[REQUIRED WORK]:
Skipping all images, output the listing word for word.
**********
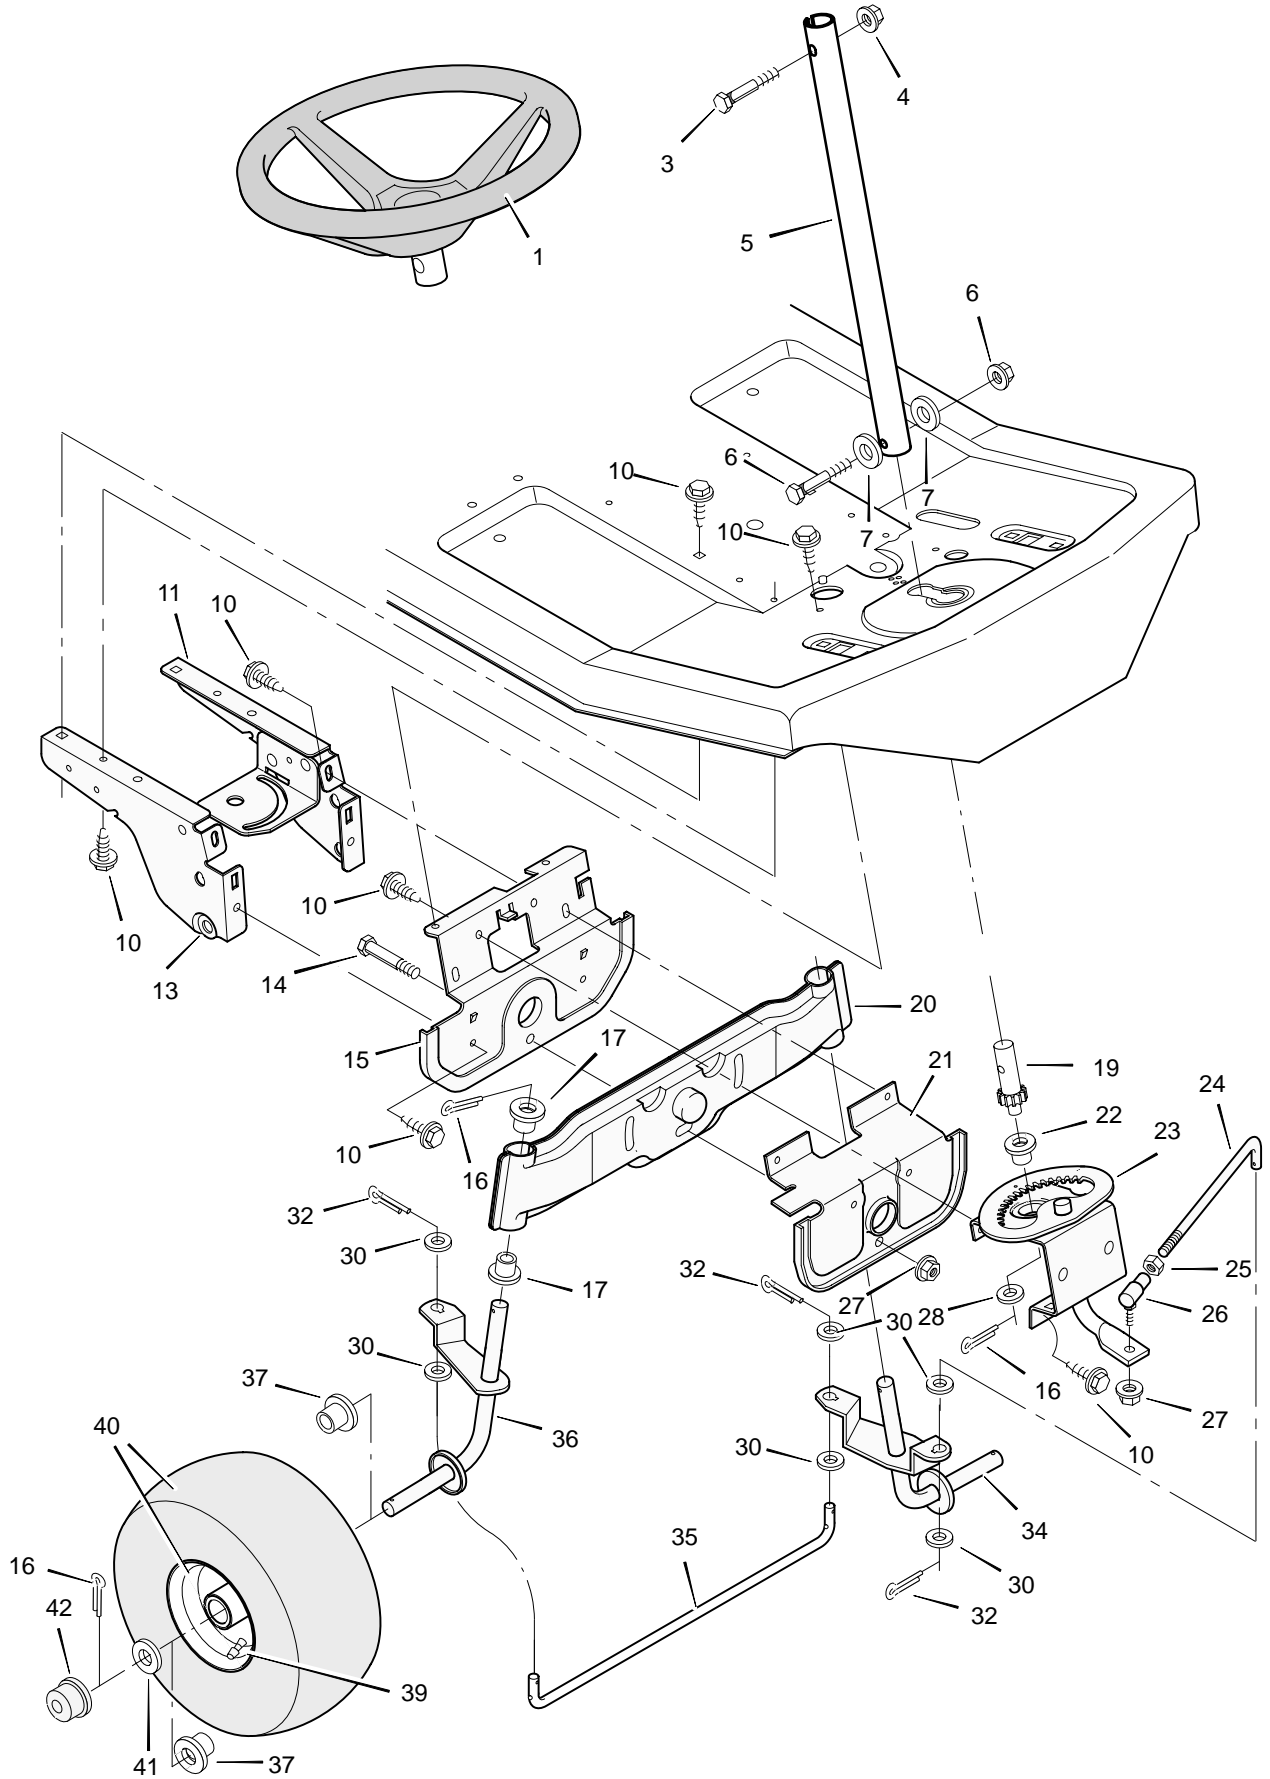

MODEL 30540x20H

REPAIR PARTS STEERING

Key No.	Description	Part No.
1	Steering Wheel	92078
3	Bolt, Hex	1x102
4	Locknut, Flange	15x88
5	Post, Steering	91444C
6	Nut, Hex	15x88
7	Washer	17x47 Z
8	Cover, Steering Post	54788
9	Bearing	55004
10	Screw	26x267
11	Plate, Left Suspension	56224E700
13	Plate, Right Suspension	56023E700
14	Bolt, Hex	1x69
15	Support, Front Axle	56231E700
16	Pin, Cotter	30x49
17	Bearing, Spindle	55003
19	Gear, Pinion	56057
20	Axle Assembly, Front	56223E700
21	Hanger Assembly, Front Axle	56230E700
22	Bearing	55168
23	Sector Assembly	56236E700
24	Rod, Drag Link	56625 Z
25	Nut, Hex	15x61
26	Ball Joint, Steering	21031
27	Locknut, Flange	15x87 Z
28	Washer	17x87 Z
30	Washer	17x53 Z
32	Pin, Cotter	30x20
34	Spindle Assembly, Left	55039E700
35	Rod, Tie	55026 Z
36	Spindle Assembly, Right	55038E700
37	Bearing, Wheel *	56105
38	Tire	55700
39	Valve Stem *	24373
40	Wheel & Tire Assembly	92303-601
41	Washer	17x197
42	Cap, Hub (Optional)	94618

* Also included with Key No. 40.
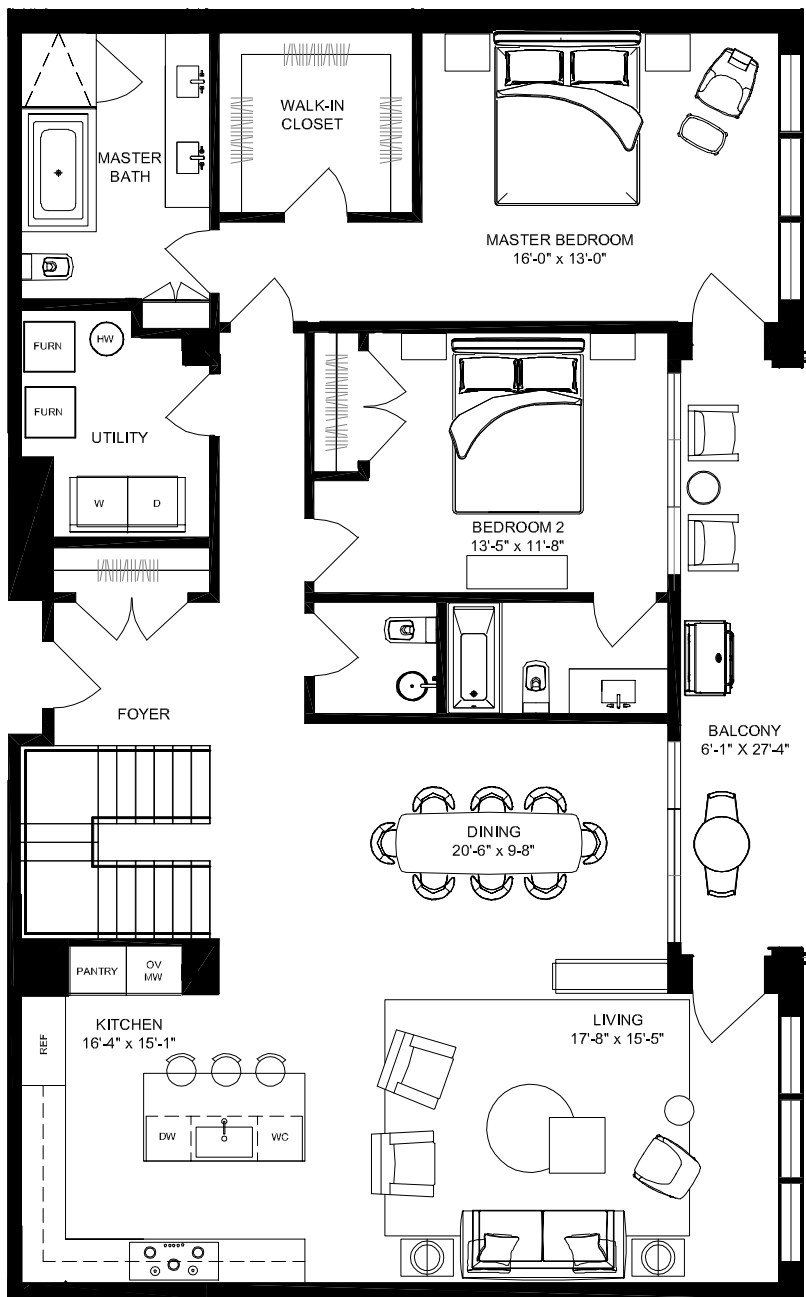

Residence 101 N

three bedrooms • five baths • family room • balcony

Residence 102 N

four bedrooms • six baths • family room • balcony

Level G

Residence 103 N

three bedrooms • three baths • balcony

Level 1

Residence 104 N

three bedrooms • three baths • balcony

Level 1

Residence 105 N

three bedrooms • five baths • family room • balcony

Level 1

Level G

Residence 106 N

Level 4

Level 3

Penthouse 3 N

Penthouse 3 North boasts 3,100 square feet of interior, multi-floor living space, plus an expansive private terrace and balcony that offer an additional 1,090 combined square feet of outdoor living space. Depicted here as an 8 room, 5 bathroom home, each of our penthouses can be customized to your distinct style preferences.

Level 3

Level 4

Penthouse 4 N

Penthouse 4 North boasts 3,100 square feet of interior, multi-floor living space, plus an expansive private terrace and balcony that offer an additional 1,090 combined square feet of outdoor living space. Depicted here as an 8 room, 5 bathroom home, each of our penthouses can be customized to your distinct style preferences.
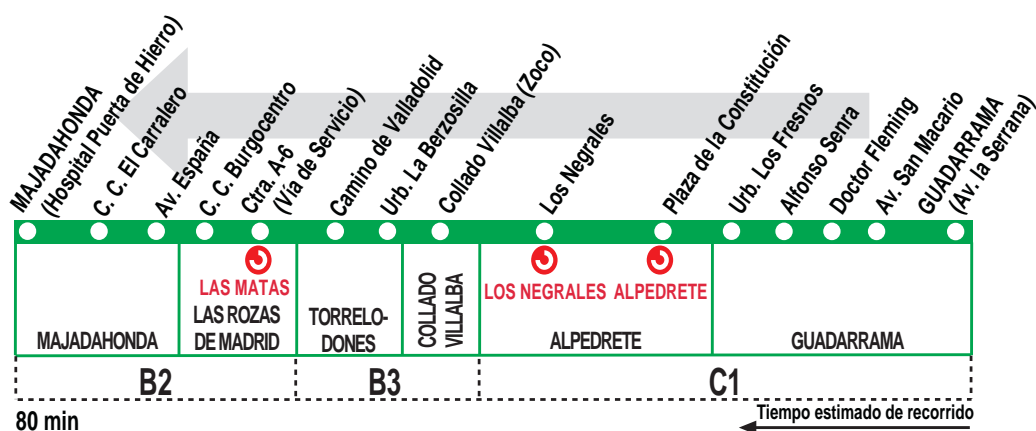

685

Guadarrama - Las Rozas - Majadahonda (Hospital)

Horarios de paso aproximado

160320

(Vigente todo el año)

| MAJADAHONDA (Hospital) | Las Rozas de Madrid | Torrelodones | Collado Villalba | Alpedrete | Guadarrama |
|--|------------------------|--------------|---------------------|-----------|------------|
| Lunes a viernes laborables | | | | | |
| 7:10 | 7:00 | 6:40 | 6:20 | 6:05 | 5:50 |
| 7:40 | 7:30 | 7:10 | 6:50 | 6:35 | 6:20 |
| 8:00 | 7:50 | 7:30 | 7:10 | — | — |
| 8:20 | 8:10 | 7:50 | 7:30 | — | — |
| 8:40 | 8:30 | 8:10 | 7:50 | 7:35 | 7:20 |
| 9:10 | 9:00 | 8:40 | 8:20 | — | — |
| 9:30 | 9:20 | 9:00 | 8:40 | — | — |
| 9:50 | 9:40 | 9:20 | 9:00 | 8:45 | 8:30 |
| 10:05 | 9:55 | 9:35 | 9:15 | — | — |
| 10:35 | 10:25 | 10:05 | 9:45 | — | — |
| 11:05 | 10:55 | 10:35 | 10:15 | — | — |
| 11:20 | 11:10 | 10:50 | 10:30 | 10:15 | 10:00 |
| 12:00 | 11:50 | 11:30 | 11:10 | — | — |
| 12:50 | 12:40 | 12:20 | 12:00 | — | — |
| 13:20 | 13:10 | 12:50 | 12:30 | 12:15 | 12:00 |
| 13:35 | 13:25 | 13:05 | 12:45 | — | — |
| 13:50 | 13:40 | 13:20 | 13:00 | — | — |
| 14:20 | 14:10 | 13:50 | 13:30 | — | — |
| 15:00 | 14:50 | 14:30 | 14:10 | — | — |
| 15:20 | 15:10 | 14:50 | 14:30 | 14:15 | 14:00 |
| 16:00 | 15:50 | 15:30 | 15:10 | — | — |
| 16:20 | 16:10 | 15:50 | 15:30 | — | — |
| 16:55 | 16:45 | 16:25 | 16:05 | — | — |
| 17:20 | 17:10 | 16:50 | 16:30 | 16:15 | 16:00 |
| 17:55 | 17:45 | 17:25 | 17:05 | — | — |
| 18:20 | 18:10 | 17:50 | 17:30 | — | — |
| 18:50 | 18:40 | 18:20 | 18:00 | — | — |
| 19:20 | 19:10 | 18:50 | 18:30 | 18:15 | 18:00 |
| 20:05 | 19:55 | 19:35 | 19:15 | — | — |
| 20:20 | 20:10 | 19:50 | 19:30 | — | — |
| 21:00 | 20:50 | 20:30 | 20:10 | — | — |
| 21:30 | 21:20 | 21:00 | 20:40 | 20:25 | 20:10 |
| 22:40 | 22:30 | 22:10 | 22:05 | 21:35 | 21:20 |
| Sábados laborables, domingos y festivos | | | | | |
| 8:20 | 8:10 | 7:50 | 7:30 | — | — |
| 9:20 | 9:10 | 8:50 | 8:30 | — | — |
| 10:30 | 10:20 | 10:00 | 9:40 | — | — |
| 11:30 | 11:20 | 11:00 | 10:40 | — | — |
| 13:10 | 13:00 | 12:40 | 12:20 | — | — |
| 14:10 | 14:00 | 13:40 | 13:20 | — | — |
| 15:20 | 15:10 | 14:50 | 14:30 | — | — |
| 16:20 | 16:10 | 15:50 | 15:30 | — | — |
| 17:30 | 17:20 | 17:00 | 16:40 | — | — |
| 18:30 | 18:20 | 18:00 | 17:40 | — | — |
| 20:10 | 20:00 | 19:40 | 19:20 | — | — |
| 21:10 | 21:00 | 20:40 | 20:20 | — | — |
| 22:20 | 22:10 | 21:50 | 21:30 | — | — |
| 23:00 | 22:50 | 22:30 | 22:10 | — | — |
| Noches de viernes, sábados y vóperas de festivo | | | | | |
| — | 23:40 | 23:20 | 23:00 | — | — |
**********
[SOLUTION]:
MODEL 30540x20H

REPAIR PARTS STEERING

Key No.	Description	Part No.
1	Steering Wheel	92078
3	Bolt, Hex	1x102
4	Locknut, Flange	15x88
5	Post, Steering	91444C
6	Nut, Hex	15x88
7	Washer	17x47 Z
8	Cover, Steering Post	54788
9	Bearing	55004
10	Screw	26x267
11	Plate, Left Suspension	56224E700
13	Plate, Right Suspension	56023E700
14	Bolt, Hex	1x69
15	Support, Front Axle	56231E700
16	Pin, Cotter	30x49
17	Bearing, Spindle	55003
19	Gear, Pinion	56057
20	Axle Assembly, Front	56223E700
21	Hanger Assembly, Front Axle	56230E700
22	Bearing	55168
23	Sector Assembly	56236E700
24	Rod, Drag Link	56625 Z
25	Nut, Hex	15x61
26	Ball Joint, Steering	21031
27	Locknut, Flange	15x87 Z
28	Washer	17x87 Z
30	Washer	17x53 Z
32	Pin, Cotter	30x20
34	Spindle Assembly, Left	55039E700
35	Rod, Tie	55026 Z
36	Spindle Assembly, Right	55038E700
37	Bearing, Wheel *	56105
38	Tire	55700
39	Valve Stem *	24373
40	Wheel & Tire Assembly	92303-601
41	Washer	17x197
42	Cap, Hub (Optional)	94618

* Also included with Key No. 40.

Residence 101 N

three bedrooms • five baths • family room • balcony

Residence 102 N

four bedrooms • six baths • family room • balcony

Level G

Residence 103 N

three bedrooms • three baths • balcony

Level 1

Residence 104 N

three bedrooms • three baths • balcony

Level 1

Residence 105 N

three bedrooms • five baths • family room • balcony

Level 1

Level G

Residence 106 N

Level 4

Level 3

Penthouse 3 N

Penthouse 3 North boasts 3,100 square feet of interior, multi-floor living space, plus an expansive private terrace and balcony that offer an additional 1,090 combined square feet of outdoor living space. Depicted here as an 8 room, 5 bathroom home, each of our penthouses can be customized to your distinct style preferences.

Level 3

Level 4

Penthouse 4 N

Penthouse 4 North boasts 3,100 square feet of interior, multi-floor living space, plus an expansive private terrace and balcony that offer an additional 1,090 combined square feet of outdoor living space. Depicted here as an 8 room, 5 bathroom home, each of our penthouses can be customized to your distinct style preferences.

685

Guadarrama - Las Rozas - Majadahonda (Hospital)

Horarios de paso aproximado

160320

(Vigente todo el año)

| MAJADAHONDA (Hospital) | Las Rozas de Madrid | Torrelodones | Collado Villalba | Alpedrete | Guadarrama |
|--|------------------------|--------------|---------------------|-----------|------------|
| Lunes a viernes laborables | | | | | |
| 7:10 | 7:00 | 6:40 | 6:20 | 6:05 | 5:50 |
| 7:40 | 7:30 | 7:10 | 6:50 | 6:35 | 6:20 |
| 8:00 | 7:50 | 7:30 | 7:10 | — | — |
| 8:20 | 8:10 | 7:50 | 7:30 | — | — |
| 8:40 | 8:30 | 8:10 | 7:50 | 7:35 | 7:20 |
| 9:10 | 9:00 | 8:40 | 8:20 | — | — |
| 9:30 | 9:20 | 9:00 | 8:40 | — | — |
| 9:50 | 9:40 | 9:20 | 9:00 | 8:45 | 8:30 |
| 10:05 | 9:55 | 9:35 | 9:15 | — | — |
| 10:35 | 10:25 | 10:05 | 9:45 | — | — |
| 11:05 | 10:55 | 10:35 | 10:15 | — | — |
| 11:20 | 11:10 | 10:50 | 10:30 | 10:15 | 10:00 |
| 12:00 | 11:50 | 11:30 | 11:10 | — | — |
| 12:50 | 12:40 | 12:20 | 12:00 | — | — |
| 13:20 | 13:10 | 12:50 | 12:30 | 12:15 | 12:00 |
| 13:35 | 13:25 | 13:05 | 12:45 | — | — |
| 13:50 | 13:40 | 13:20 | 13:00 | — | — |
| 14:20 | 14:10 | 13:50 | 13:30 | — | — |
| 15:00 | 14:50 | 14:30 | 14:10 | — | — |
| 15:20 | 15:10 | 14:50 | 14:30 | 14:15 | 14:00 |
| 16:00 | 15:50 | 15:30 | 15:10 | — | — |
| 16:20 | 16:10 | 15:50 | 15:30 | — | — |
| 16:55 | 16:45 | 16:25 | 16:05 | — | — |
| 17:20 | 17:10 | 16:50 | 16:30 | 16:15 | 16:00 |
| 17:55 | 17:45 | 17:25 | 17:05 | — | — |
| 18:20 | 18:10 | 17:50 | 17:30 | — | — |
| 18:50 | 18:40 | 18:20 | 18:00 | — | — |
| 19:20 | 19:10 | 18:50 | 18:30 | 18:15 | 18:00 |
| 20:05 | 19:55 | 19:35 | 19:15 | — | — |
| 20:20 | 20:10 | 19:50 | 19:30 | — | — |
| 21:00 | 20:50 | 20:30 | 20:10 | — | — |
| 21:30 | 21:20 | 21:00 | 20:40 | 20:25 | 20:10 |
| 22:40 | 22:30 | 22:10 | 22:05 | 21:35 | 21:20 |
| Sábados laborables, domingos y festivos | | | | | |
| 8:20 | 8:10 | 7:50 | 7:30 | — | — |
| 9:20 | 9:10 | 8:50 | 8:30 | — | — |
| 10:30 | 10:20 | 10:00 | 9:40 | — | — |
| 11:30 | 11:20 | 11:00 | 10:40 | — | — |
| 13:10 | 13:00 | 12:40 | 12:20 | — | — |
| 14:10 | 14:00 | 13:40 | 13:20 | — | — |
| 15:20 | 15:10 | 14:50 | 14:30 | — | — |
| 16:20 | 16:10 | 15:50 | 15:30 | — | — |
| 17:30 | 17:20 | 17:00 | 16:40 | — | — |
| 18:30 | 18:20 | 18:00 | 17:40 | — | — |
| 20:10 | 20:00 | 19:40 | 19:20 | — | — |
| 21:10 | 21:00 | 20:40 | 20:20 | — | — |
| 22:20 | 22:10 | 21:50 | 21:30 | — | — |
| 23:00 | 22:50 | 22:30 | 22:10 | — | — |
| Noches de viernes, sábados y vóperas de festivo | | | | | |
| — | 23:40 | 23:20 | 23:00 | — | — |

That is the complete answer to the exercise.